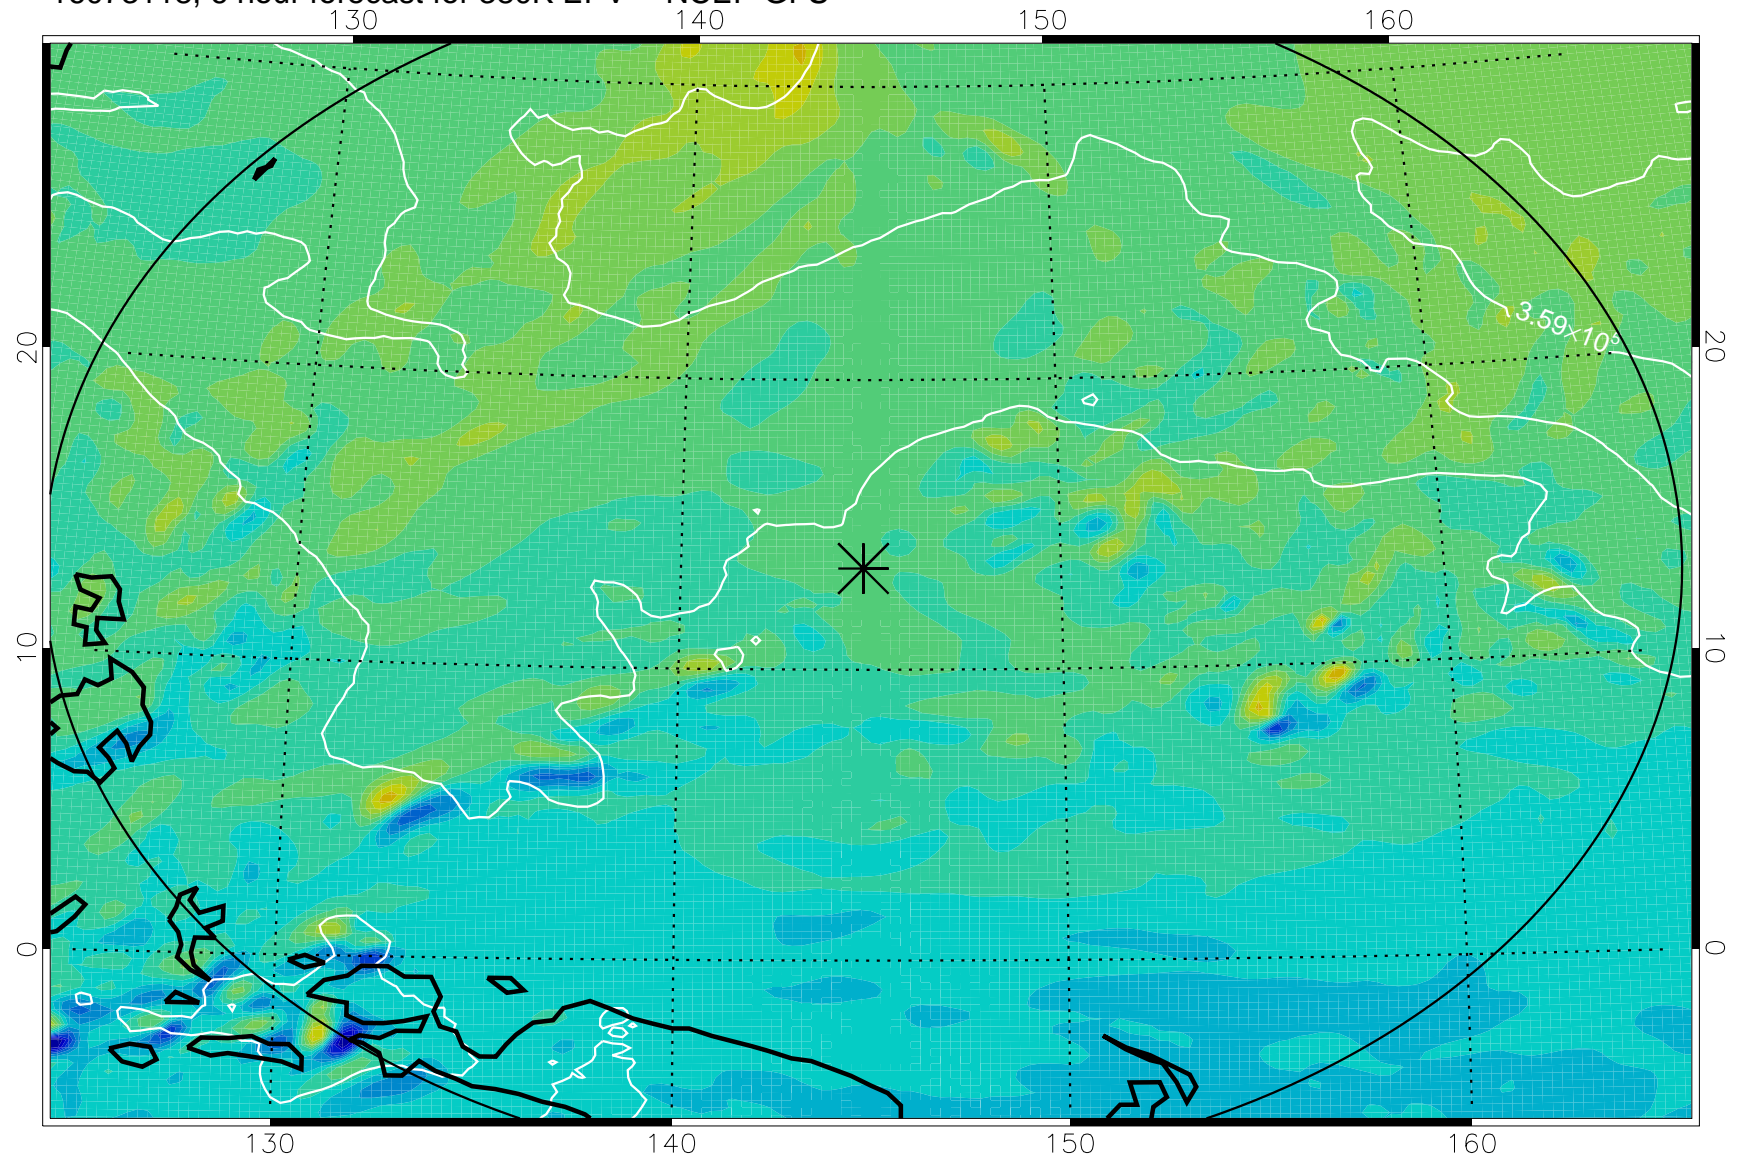

16073118, 6 hour forecast for 380K EPV -- NCEP GFS

380K Montgomery Streamfunction, white

Range ring of 2304 km

16080100, 12 hour forecast for 380K EPV -- NCEP GFS

380K Montgomery Streamfunction, white

Range ring of 2304 km

16080106, 18 hour forecast for 380K EPV -- NCEP GFS

380K Montgomery Streamfunction, white

Range ring of 2304 km

16080112, 24 hour forecast for 380K EPV -- NCEP GFS

380K Montgomery Streamfunction, white

Range ring of 2304 km

16080118, 30 hour forecast for 380K EPV -- NCEP GFS

380K Montgomery Streamfunction, white

Range ring of 2304 km

16080200, 36 hour forecast for 380K EPV -- NCEP GFS

380K Montgomery Streamfunction, white

Range ring of 2304 km

16080206, 42 hour forecast for 380K EPV -- NCEP GFS

380K Montgomery Streamfunction, white

Range ring of 2304 km

16080212, 48 hour forecast for 380K EPV -- NCEP GFS

380K Montgomery Streamfunction, white

Range ring of 2304 km
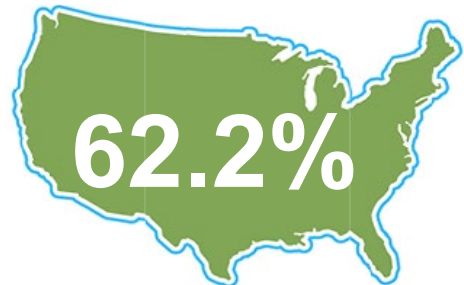

## UNEMPLOYMENT RATE *\*seasonally adjusted*

September 2022  
Indiana was

**2.8%**

National  
Unemployment  
Rate is

## LABOR FORCE PARTICIPATION RATE

Labor Force  
Participation Rate

**63.3%**

National Labor Force Rate

**142,024**

Open Job Postings

*\*As of Nov. 16, 2022*

**17,622**
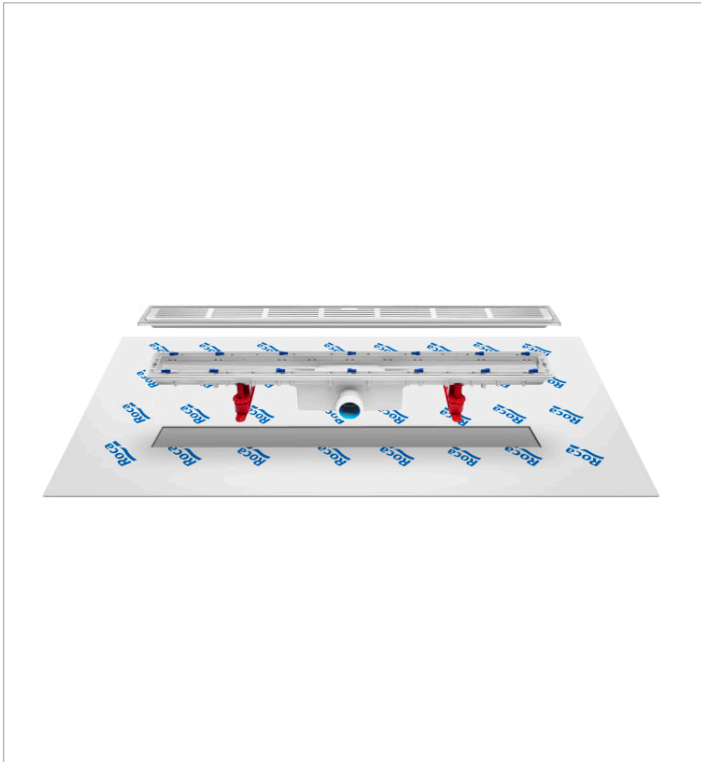

IN-DRAIN

In-Drain Channel - Drainage kit with pre-mounted geotextile fabric

TECHNICAL DRAWINGS

A	B
990	950
890	850
790	750
690	650

FEATURES

Drainage kit with pre-mounted geotextile fabric for installation in built-in showers. Plain drainage plate or grid not included.

Geotextile fabric included

Recommended for public spaces

Accessible product

BOUGHT TOGETHER FREQUENTLY

Plate X1 - Plain drainage  
plate adaptable to In-Drain  
Channel

276095000

Plate X2 - Drainage grid  
adaptable to In-Drain  
Channel

## In-Drain

An innovative solution for integrated showers. A new concept that empowers accessibility and functionality. In-Drain adapts to any style, preserving the elegant essence of its shapes and offering versatile proposals.
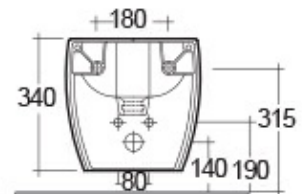

### Technical specifications

Dimensions: 525 x 337 mm

Weight: 22 Kg

Color: Alpine White

Parts: MEBI00002 - METROPOLITAN DELUXE WALL HUNG BIDET

Suites: [RAK-METROPOLITAN](#)

Dimensions: All measurements are in millimeters and are subject to normal manufacturing variations.  
Note: Due to a continuing development programme to improve design and performance, the manufacturer reserves all rights to vary specifications without prior information.  
Please note accessories are for photographic use only.

Your assignment: The records above are to be repeated exactly, with every picture removed from the copy.

Written reply:
16073118, 6 hour forecast for 380K EPV -- NCEP GFS

380K Montgomery Streamfunction, white

Range ring of 2304 km

16080100, 12 hour forecast for 380K EPV -- NCEP GFS

380K Montgomery Streamfunction, white

Range ring of 2304 km

16080106, 18 hour forecast for 380K EPV -- NCEP GFS

380K Montgomery Streamfunction, white

Range ring of 2304 km

16080112, 24 hour forecast for 380K EPV -- NCEP GFS

380K Montgomery Streamfunction, white

Range ring of 2304 km

16080118, 30 hour forecast for 380K EPV -- NCEP GFS

380K Montgomery Streamfunction, white

Range ring of 2304 km

16080200, 36 hour forecast for 380K EPV -- NCEP GFS

380K Montgomery Streamfunction, white

Range ring of 2304 km

16080206, 42 hour forecast for 380K EPV -- NCEP GFS

380K Montgomery Streamfunction, white

Range ring of 2304 km

16080212, 48 hour forecast for 380K EPV -- NCEP GFS

380K Montgomery Streamfunction, white

Range ring of 2304 km

## UNEMPLOYMENT RATE *\*seasonally adjusted*

September 2022  
Indiana was

**2.8%**

National  
Unemployment  
Rate is

## LABOR FORCE PARTICIPATION RATE

Labor Force  
Participation Rate

**63.3%**

National Labor Force Rate

**142,024**

Open Job Postings

*\*As of Nov. 16, 2022*

**17,622**

IN-DRAIN

In-Drain Channel - Drainage kit with pre-mounted geotextile fabric

TECHNICAL DRAWINGS

A	B
990	950
890	850
790	750
690	650

FEATURES

Drainage kit with pre-mounted geotextile fabric for installation in built-in showers. Plain drainage plate or grid not included.

Geotextile fabric included

Recommended for public spaces

Accessible product

BOUGHT TOGETHER FREQUENTLY

Plate X1 - Plain drainage  
plate adaptable to In-Drain  
Channel

276095000

Plate X2 - Drainage grid  
adaptable to In-Drain  
Channel

## In-Drain

An innovative solution for integrated showers. A new concept that empowers accessibility and functionality. In-Drain adapts to any style, preserving the elegant essence of its shapes and offering versatile proposals.

### Technical specifications

Dimensions: 525 x 337 mm

Weight: 22 Kg

Color: Alpine White

Parts: MEBI00002 - METROPOLITAN DELUXE WALL HUNG BIDET

Suites: [RAK-METROPOLITAN](#)

Dimensions: All measurements are in millimeters and are subject to normal manufacturing variations.  
Note: Due to a continuing development programme to improve design and performance, the manufacturer reserves all rights to vary specifications without prior information.  
Please note accessories are for photographic use only.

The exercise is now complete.